Michel Taylor, a former vice-president for public policy at Monsanto, and his co-author Jerry Cayforth, both of whom work for Resources for the Future (RFF) in Washington, point out that the United States has acknowledged the importance of developing-country agriculture in achieving the United Nations' Millennium Development Goals.

But they say that many US policies, including those on patents, are not fully aligned with these goals, or with achieving global food security. In contrast, they argue that changes in patent policy could simultaneously advance both food security and the broader international interests of the United States.

The authors acknowledge that patents play an important role in stimulating private investment in plant biotechnology, and emphasise that they are neither pro-patent nor anti-patent.

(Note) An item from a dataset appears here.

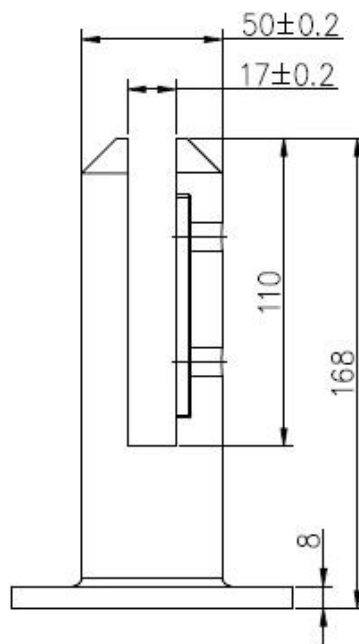

此圖為 316 不銹鋼 門鎖 零件圖 請參閱 316 不銹鋼 門鎖 零件圖 說明書。

此圖為 316 不銹鋼 門鎖 零件圖 請參閱 316 不銹鋼 門鎖 零件圖 說明書。

零件圖 說明書

零件圖 說明書

門把 門鎖 門扣 門環 門飾

"But we find the case for policy change convincing," they say, adding that biotechnology cannot benefit African companies "if those who would develop the technology specifically for developing-country purposes cannot gain access to it".

The authors point out that the ways that US patent policy affects developing countries are complex and multifaceted, and include domestic policies on what gets patented and the rules governing access to US-patented technology.

In future, they add, developing-country access to biotechnology for food security purposes may be affected even more substantially by patent-related policies in the international arena, such as implementation of the Trade-related Aspects of Intellectual Property Rights (TRIPS) agreement, international harmonisation of patent laws through the World Intellectual Property Organisation (WIPO), and the use of bilateral trade relationships to strengthen patent protection.

"There is flexibility within the TRIPS agreement, but it is important the developing countries are supported in using that flexibility to devise systems that meet their needs," says Taylor, echoing arguments put forward last year by the UK-financed international Commission on Intellectual Property Rights.

In contrast, however, WIPO is focusing on a 'one size fits all' approach to patents that would support the move toward a single worldwide patent. "If successful, this approach to harmonisation could hinder developing countries in adopting patent regimes tailored to their particular needs, including the need to foster dissemination of biotechnology for food security purposes," say Taylor and Cayforth.

They argue that, as the richest and most powerful country in the world, the United States has a duty to avoid actions and policies with unnecessary and avoidable adverse impacts on progress elsewhere. This includes patent policies that adversely affect food security in developing countries.

"A lot of people think that it is a zero sum game, and imagine that anything that weakens a patent is to the detriment of the patent holder," says Cayforth. "We argue that, if you take the broader picture into account, that is not necessarily the case."

He and Taylor place possible changes in US patent policy in three categories: changing law and policy to improve access to patented technologies; preserving the flexibility developing countries have under the current TRIPS agreement to tailor their patent systems to their local needs; and implementing more fully the article regarding support for technology transfer.

Five domestic patent policy alternatives, they add, deserve consideration: creating a strong research exemption; compulsory licensing for agricultural biotechnology; requiring patent holders to demonstrate that they are exploiting the patents; making use of the government's authority to allow the use of patented tools of biotechnology for food security purposes; and placing government-funded technology in the public domain.

"There are changes the United States could make in both its domestic and foreign policies that would improve developing-country access to the patented tools of biotechnology without significantly undercutting the core invention incentives of the patent system," say Taylor and Cayforth.

"These changes deserve consideration as the United States grapples with its heightened national interest in global food security and works to build a harmonised global patent system that embraces the needs of developed and developing countries alike."